To address the energy-delay trade-off in cell-level DTX/DRX configuration under 3GPP Release 18, this paper proposes a dynamic optimization framework based on deep reinforcement learning (DRL). We introduce a contextual bandit (CB)-enhanced deep Q-network architecture and design a smooth, differentiable reward function that approximates the theoretically optimal—but discontinuous—joint QoS-energy-efficiency objective. The method adaptively adjusts DTX/DRX patterns in response to varying traffic loads and channel conditions. System-level simulations demonstrate up to 45% reduction in base station energy consumption while strictly limiting QoS degradation for end-to-end latency-sensitive services to within 1%, outperforming both static configurations and conventional RL baselines.
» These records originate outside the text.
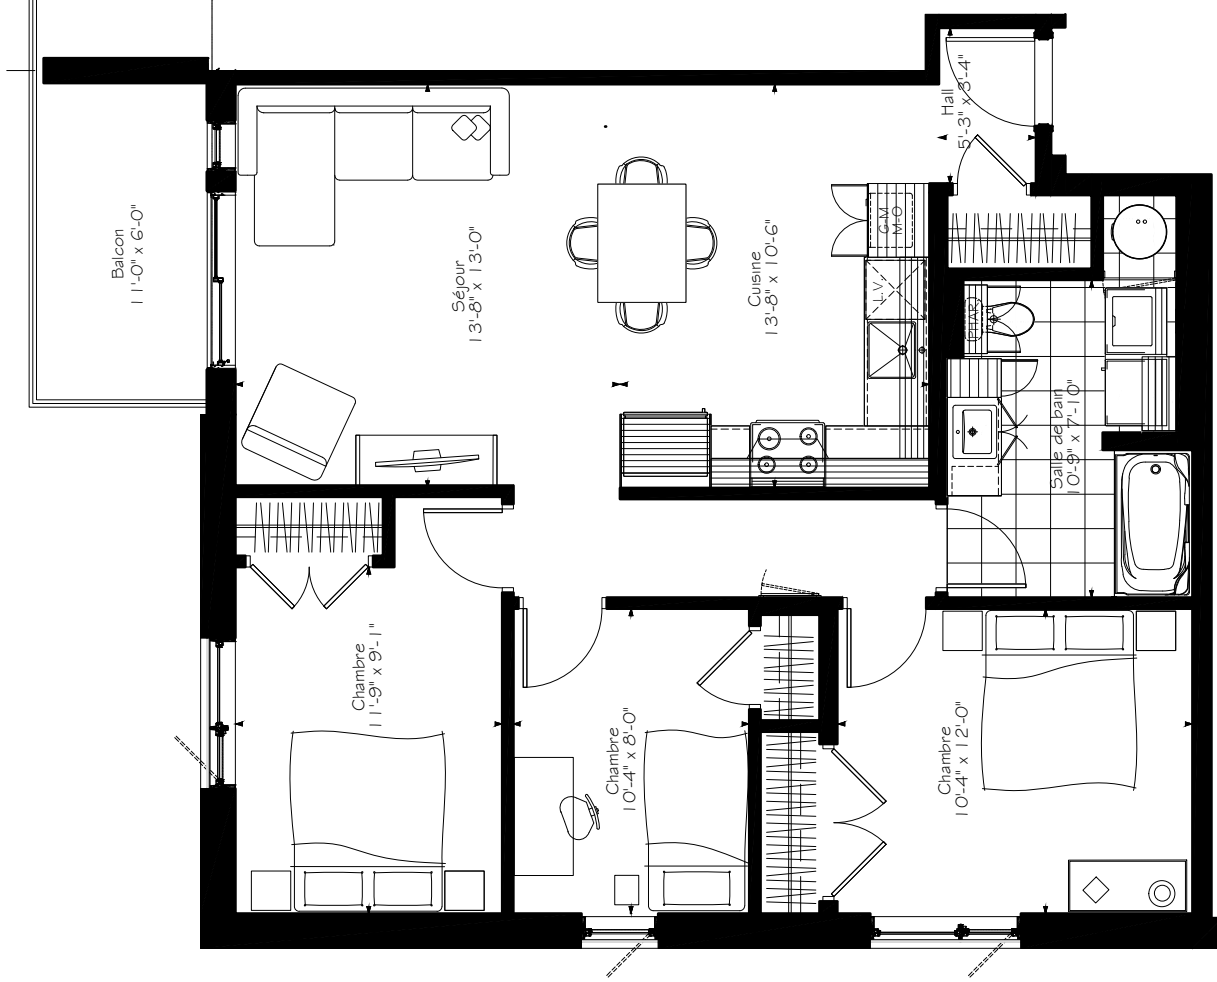

NOTES IMPORTANTES :

LA SUPERFICIE BRUTE EST CALCULÉE EN INCLUANT LES MURS EXTÉRIEURS ET LA MOTITÉ DES MURS MITOYENS.
LES DIMENSIONS ET SUPERFICIES SONT APPROXIMATIVES ET SUJETTES A CHANGEMENTS.

5 1/2

Numéro du Logement : **101@601**
 Superficie Nette : 892 pl.ca
 Superficie Brute : 989 pl.ca
 Superficie Balcon : 69 pl.ca

3GPP Release 18 cell discontinuous transmission and reception (cell DTX/DRX) is an important new network energy saving feature for 5G. As a time-domain technique, it periodically aggregates the user data transmissions in a given duration of time when the traffic load is not heavy, so that the remaining time can be kept silent and advanced sleep modes (ASM) can be enabled to shut down more radio components and save more energy for the cell. However, inevitably the packet delay is increased, as during the silent period no transmission is allowed. In this paper we study how to configure cell DTX/DRX to optimally balance energy saving and packet delay, so that for delay-sensitive traffic maximum energy saving can be achieved while the degradation of quality of service (QoS) is minimized. As the optimal configuration can be different for different network and traffic conditions, the problem is complex and we resort to deep reinforcement learning (DRL) framework to train an AI agent to solve it. Through careful design of 1) the learning algorithm, which implements a deep Q-network (DQN) on a contextual bandit (CB) model, and 2) the reward function, which utilizes a smooth approximation of a theoretically optimal but discontinuous reward function, we are able to train an AI agent that always tries to select the best possible Cell DTX/DRX configuration under any network and traffic conditions. Simulation results show that compared to the case when cell DTX/DRX is not used, our agent can achieve up to ~45% energy saving depending on the traffic load scenario, while always maintaining no more than ~1% QoS degradation.